:: Assigned task ::
With the pictures left out, return exactly the lines from the one containing "3.9 mm diametre" through the end of the listing below.

:: Listed records ::
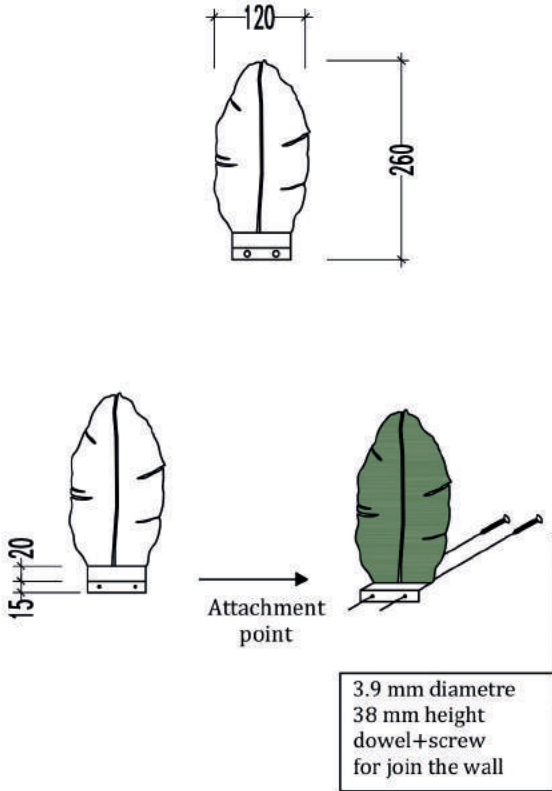

scale: 1/10
ölçek: 1/10

Attachment point
Bağlantı noktası

3.9 mm diametre
38 mm height
dowel+screw
for join the wall
3,9 mm çap
38 mm yükseklik
dübel + vida
duvara katılmak için

RAL 6000

RAL 6013

RAL 6012

RAL 6011

technical specification teknik özellikler

DIMENSIONS BOYUTLAR	Leaf module dimensions: 120x260 mm Project development required. Yaprak modül boyutları: 120x260 mm Proje gerekliliğine göre değişebilir.
THICKNESS KALINLIK	50 mm
WEIGHT AĞIRLIK	11 kg/m ²
FINISHES YÜZEYLER	Possibility to use all Metaloop finishes and also material has own attachment points. Mümkün olan Metaloop yüzeylerince kullanılabilcek bağlantı noktalarına sahiptir.
USAGE AREAS KULLANIM ALANLARI	Wall-mounted for outdoor and indoor or façade element. Dış ve iç mekan veya cephe elemanı olarak duvara monte edilebilir.
CLEANING AND MAINTANCE TEMİZLİK-BAKIM	Do not use aggressive detergent, just use water. Aşındırıcı deterjan kullanmayın, sadece su kullanın.
NOTES NOTLAR	It required for fixing to wall 3.9 mm diameter and 38 mm height screw and dowel. 3.9 mm çapında ve 38 mm yüksekliğinde vida ve dübel duvara sabitlemek için gereklidir.
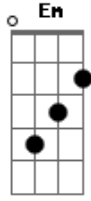

© ukulele-chords.com

:: Your solution ::
3.9 mm diametre
38 mm height
dowel+screw
for join the wall
3,9 mm çap
38 mm yükseklik
dübel + vida
duvara katılmak için

RAL 6000

RAL 6013

RAL 6012

RAL 6011

technical specification teknik özellikler

DIMENSIONS BOYUTLAR	Leaf module dimensions: 120x260 mm Project development required. Yaprak modül boyutları: 120x260 mm Proje gerekliliğine göre değişebilir.
THICKNESS KALINLIK	50 mm
WEIGHT AĞIRLIK	11 kg/m ²
FINISHES YÜZEYLER	Possibility to use all Metaloop finishes and also material has own attachment points. Mümkün olan Metaloop yüzeylerince kullanılabilcek bağlantı noktalarına sahiptir.
USAGE AREAS KULLANIM ALANLARI	Wall-mounted for outdoor and indoor or façade element. Dış ve iç mekan veya cephe elemanı olarak duvara monte edilebilir.
CLEANING AND MAINTANCE TEMİZLİK-BAKIM	Do not use aggressive detergent, just use water. Aşındırıcı deterjan kullanmayın, sadece su kullanın.
NOTES NOTLAR	It required for fixing to wall 3.9 mm diameter and 38 mm height screw and dowel. 3.9 mm çapında ve 38 mm yüksekliğinde vida ve dübel duvara sabitlemek için gereklidir.

© ukulele-chords.com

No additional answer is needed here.